In terms of Boston sports, the Celtics were my first love, although I didn’t begin following them closely until the tail end of the Bird-Parish-McHale reign, when I was in high school. They were on the decline, to the point that one of my friends — a Pistons fan — used to refer to them as “The Old Three,” rather than “The Big Three,” to irritate me. But I watched them whenever I could, and I remember listening to games on the radio in my bedroom while doing homework. As the team slipped into irrelevance (Rick Pitino, anyone?), I comforted myself by thinking about the 16 championship banners, and the fact that the Celtics would always, at least historically, be a great franchise. I scoffed at Danny Ainge’s promise to bring a championship to Boston. It will never happen, I thought, as he traded for the likes of Ricky Davis, Sebastian Telfair and Chris Mihm. Then, of course, he got Kevin Garnett. I’ve been hard on Kevin Garnett in this blog. But I can’t deny that he did everything he was asked to do when he came to Boston. He delivered a championship, and one of my favorite moments of the post-game celebration was when he knelt to the parquet and kissed the leprechaun, then stood up and embraced the great Bill Russell.

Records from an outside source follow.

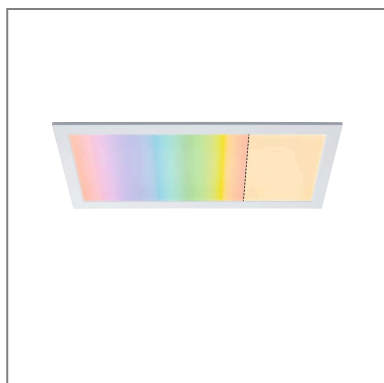

## Fiche technique du produit

<b>Nom du webshop:</b>	Panneau LED Smart Home Zigbee 3.0 Amaris carré 595x295mm 22W 1800lm RGBW+ Blanc dépoli gradable
<b>Artikel:</b>	79808
<b>EAN:</b>	4000870798089
<b>Producteur:</b>	Paulmann

### Description d'article OS:

Le panneau Amaris Zigbee 3.0, aux dimensions 595 x 295 mm, offre un design extrêmement lisse et donc épuré. La surface satinée du diffuseur produit un agréable éclairage d'ambiance étendu. Selon l'ambiance désirée, vous pouvez choisir entre un blanc chaud, un éclairage coloré et différents effets. Le luminaire est compatible Zigbee 3.0 3.0. ZigBee est un protocole de transmission radio qui met en réseau les appareils de différents fabricants. Le support métallique stable facilite le montage et donne l'impression que le panneau flotte en apesanteur.

### Données mécaniques

Lieu de montage: plafond & mur

**Dimensions (Hauteur x Largeur x Profondeur):** H: 52 x B:  
595 x T: 295 mm

**Matériau:** Métal

**Couleur:** Blanc dépoli

**poids net (kg):** 2,244 kg
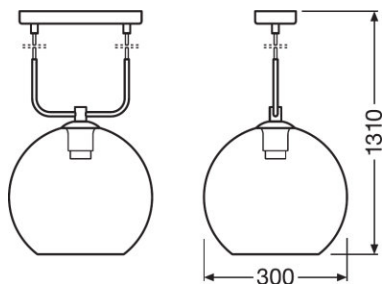

1906 GLOBE PENDANT 300x1280 Glass
Smoke
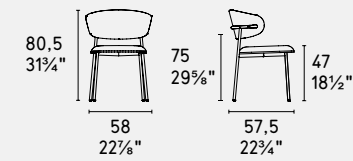

oleandro **new**

CS2031
CS2031-MTO

My New England Sports Fan Friend and I were beside ourselves throughout Game 6, though it wasn’t long before the Sports Fan, who likes to quantify things, began asking questions. By what percentage, he wondered, does a Celtics victory assuage the pain from the Super Bowl loss? (There aren’t that many opportunities to use the word assuage, and neither of us could resist this one.) A friend of the Sports Fan suggested 17 percent. Due to my longstanding affection for the Celtics, I proposed something in the 50 percent range. I’d waited for this day for a long time, I reasoned. But as we watched the festivities unfold, the percentage inched upward, past 50 percent. Sure, the Super Bowl would have been great. But it was hard to deny that this was pretty terrific, too.

Of course, the Sports Fan predicted that the Celtics would repeat. He suggested that one Celtics championship wasn’t enough, because in Boston, we’re accustomed to basketball dynasties. I agreed. Then I wondered whether the Red Sox would repeat, and how good the Patriots would be in the fall. I don’t follow hockey, but all of a sudden I found myself fervently wishing that the Bruins would win the Stanley Cup next year. For Boston sports fans, this has been an amazing decade, and you know what? When you get used to winning, you expect to win, you become a little greedy and you want to keep winning. You want to win everything you possibly can, in fact. So give me hockey. Then I’ll have it all.